■ Action item ■
Output the number of lines in the material below containing "sklep" and nothing more.

■ Input data ■
<<<<

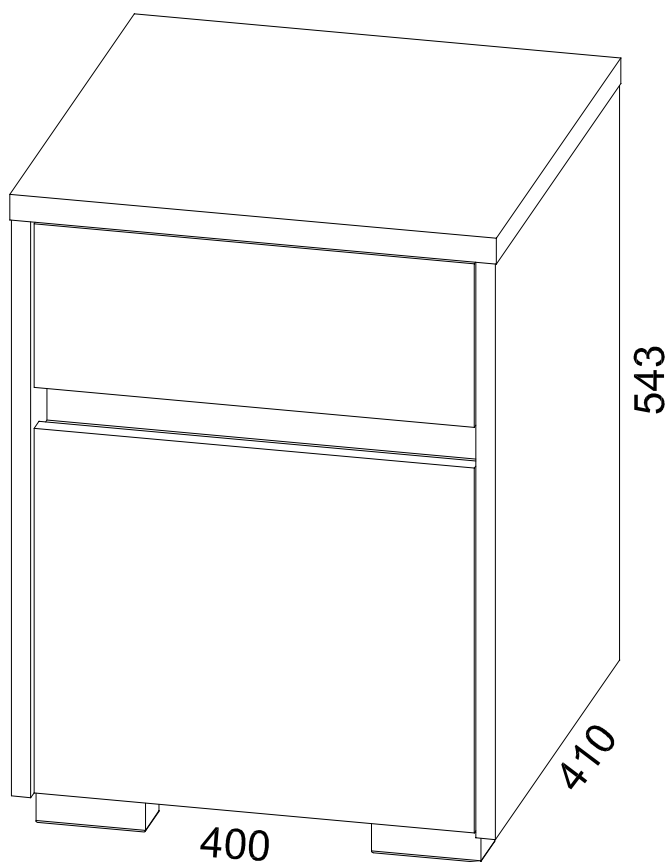

INSTRUKCJA MONTAŻU

FITTING-UP INSTRUCTION / AUFBAUANLEITUNG

MONTÁŽNÍ NÁVOD / MONTÁŽNY NÁVOD / SZERELÉSI UTASÍTÁS

restol®

Producent:

Restol sp. z o.o.

36-055 BRATKOWICE

www.restol.com.pl

Arizona
RRN-1

400 x 543 x 410 /mm/

WSKAZÓWKA na temat pielęgnacji mebla.

Czyścić elementy wilgotną szmatką lub papierowym ręcznikiem.
Nie używać chemicznych środków czyszczących.

DIRECTION for the furniture cleaning.

Clean elements with the moist wiper or soft paper towel. Do not use any detergents.

Pflegehinweis.

Nur mit feuchtem Lappen, bzw. Papiertuch Ihre Möbel reinigen.
Keine chemischen Waschmittel einsetzen.

POKYN pro ošetřování nábytku!

Díly čistit vlhkým hadříkem nebo papírovou utěrkou.
Nepoužívat chemické čističí prostředky.

POKYNY k údržbě nábytku.

Prvky nábytku čistit vlhkou handričkou alebo papierovou utierkou
Nepoužívať chemické čistiace prostriedky.

UTMATATÓ a bútor ápolására.

Az elemeket nedves ronggyal vagy papírtörülközővel tisztítani.
Vegyi tisztítószert nem használni.

Gwarancja dostępna pod linkiem:

Guarantee available at:

Die Garantie ist unter dem Link:

Záruka je k dispozíci na následujícím odkazu:

Záruka k dispozícii pod odkazom:

Link a jótálláshoz :

**[www.sklep.restol.com.pl/
upload/gwarancja.pdf](http://www.sklep.restol.com.pl/upload/gwarancja.pdf)**

>>>>

■ Your response ■
2